● **Work to complete**: Look in the listing below for the line that has "## Crevice Tools", then return it and each following line up to and including the one with "Apply Paste to the wall", exactly and without pictures.
.....
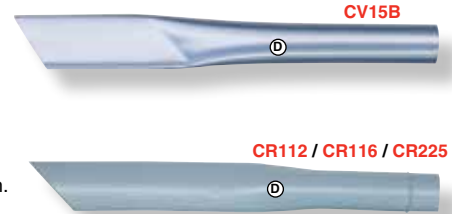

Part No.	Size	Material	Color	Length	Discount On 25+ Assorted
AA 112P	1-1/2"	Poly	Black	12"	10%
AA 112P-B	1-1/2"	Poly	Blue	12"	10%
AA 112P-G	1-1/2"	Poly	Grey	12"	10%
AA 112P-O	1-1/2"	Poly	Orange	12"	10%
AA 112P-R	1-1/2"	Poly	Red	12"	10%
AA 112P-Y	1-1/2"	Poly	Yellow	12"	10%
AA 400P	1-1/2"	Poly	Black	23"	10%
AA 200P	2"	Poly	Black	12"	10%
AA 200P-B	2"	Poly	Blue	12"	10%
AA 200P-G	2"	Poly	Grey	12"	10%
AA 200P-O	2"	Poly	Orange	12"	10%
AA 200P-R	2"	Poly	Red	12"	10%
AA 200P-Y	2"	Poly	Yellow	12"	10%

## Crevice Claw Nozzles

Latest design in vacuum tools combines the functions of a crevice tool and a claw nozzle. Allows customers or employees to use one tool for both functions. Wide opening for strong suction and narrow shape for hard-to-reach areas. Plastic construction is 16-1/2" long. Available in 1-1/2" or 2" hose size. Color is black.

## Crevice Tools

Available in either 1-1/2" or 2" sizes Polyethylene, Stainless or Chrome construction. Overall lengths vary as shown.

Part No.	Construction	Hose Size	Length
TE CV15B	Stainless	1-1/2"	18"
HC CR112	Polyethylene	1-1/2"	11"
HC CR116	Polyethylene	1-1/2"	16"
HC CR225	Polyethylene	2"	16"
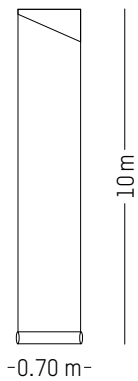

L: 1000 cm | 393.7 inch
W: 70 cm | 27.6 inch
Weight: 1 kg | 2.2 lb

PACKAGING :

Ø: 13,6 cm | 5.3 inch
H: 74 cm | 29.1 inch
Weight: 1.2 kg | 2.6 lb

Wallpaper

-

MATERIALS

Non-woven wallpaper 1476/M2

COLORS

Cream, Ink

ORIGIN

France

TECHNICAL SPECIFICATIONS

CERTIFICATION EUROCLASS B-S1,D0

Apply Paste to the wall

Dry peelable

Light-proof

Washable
.....
● **Solution below**:
## Crevice Tools

Available in either 1-1/2" or 2" sizes Polyethylene, Stainless or Chrome construction. Overall lengths vary as shown.

Part No.	Construction	Hose Size	Length
TE CV15B	Stainless	1-1/2"	18"
HC CR112	Polyethylene	1-1/2"	11"
HC CR116	Polyethylene	1-1/2"	16"
HC CR225	Polyethylene	2"	16"

L: 1000 cm | 393.7 inch
W: 70 cm | 27.6 inch
Weight: 1 kg | 2.2 lb

PACKAGING :

Ø: 13,6 cm | 5.3 inch
H: 74 cm | 29.1 inch
Weight: 1.2 kg | 2.6 lb

Wallpaper

-

MATERIALS

Non-woven wallpaper 1476/M2

COLORS

Cream, Ink

ORIGIN

France

TECHNICAL SPECIFICATIONS

CERTIFICATION EUROCLASS B-S1,D0

Apply Paste to the wall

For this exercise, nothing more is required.